The p-AlGaN layer 34 is next grown to a thickness of about 85 Å at a temperature of about 890° C. and is preferably doped with magnesium. Finally, the p-type GaN contact layer 35 is formed to a thickness of about 1800 Å at a temperature of about 980° C., again representing a somewhat higher temperature to improve the growth and crystal quality while refraining from overheating the InGaN portions of the device. The p-GaN contact layer 35 is likewise doped with magnesium. The p-type layers 34 and 35 provide the hole injection required for operation of the device. Although the preferred embodiment incorporates p-AlGaN and p-GaN for layers 34 and 35 respectively, these layers can be formed of the other Group III nitrides provided that they are incorporated in a manner consistent with the structure and function of the overall device.

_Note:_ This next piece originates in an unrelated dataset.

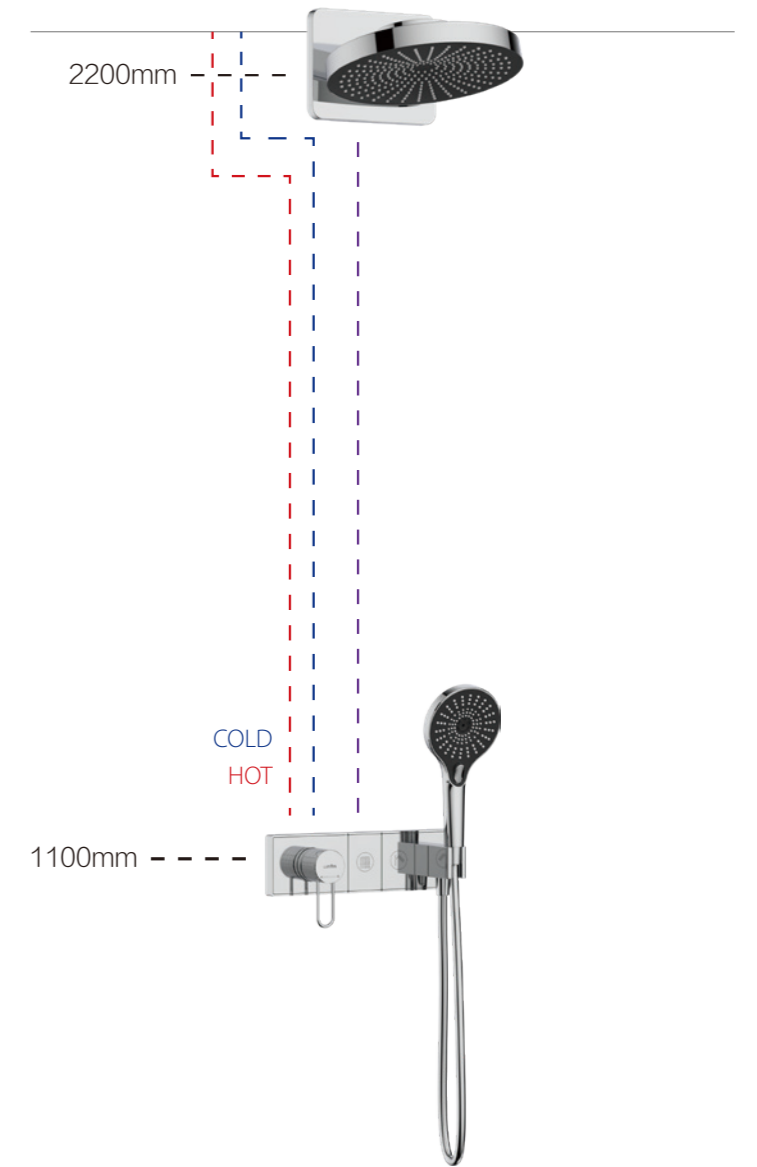

流量曲线图
①手持出水 ②顶喷出水

In another aspect, the invention is a light emitting device that incorporates the UV LED with an appropriate phosphor to produce a desired visible output. Materials that fluoresce or phosphoresce in response to UV radiation (regardless of source) are generally well known in the relevant arts. For example, common fluorescent lights operate on the same principle; i.e., a portion of the bulb or fixture generates a UV emission that in turn excites a phosphor that emits visible white light. Exemplary phosphors that produce white (or near-white) emission in response to UV radiation are generally well known and understood in this art, and can be selected and incorporated without undue experimentation. Furthermore, it will be understood that although white light is an exemplary goal, other colors can be produced in this manner using other relevant phosphors, and the invention is not limited to the production of white light.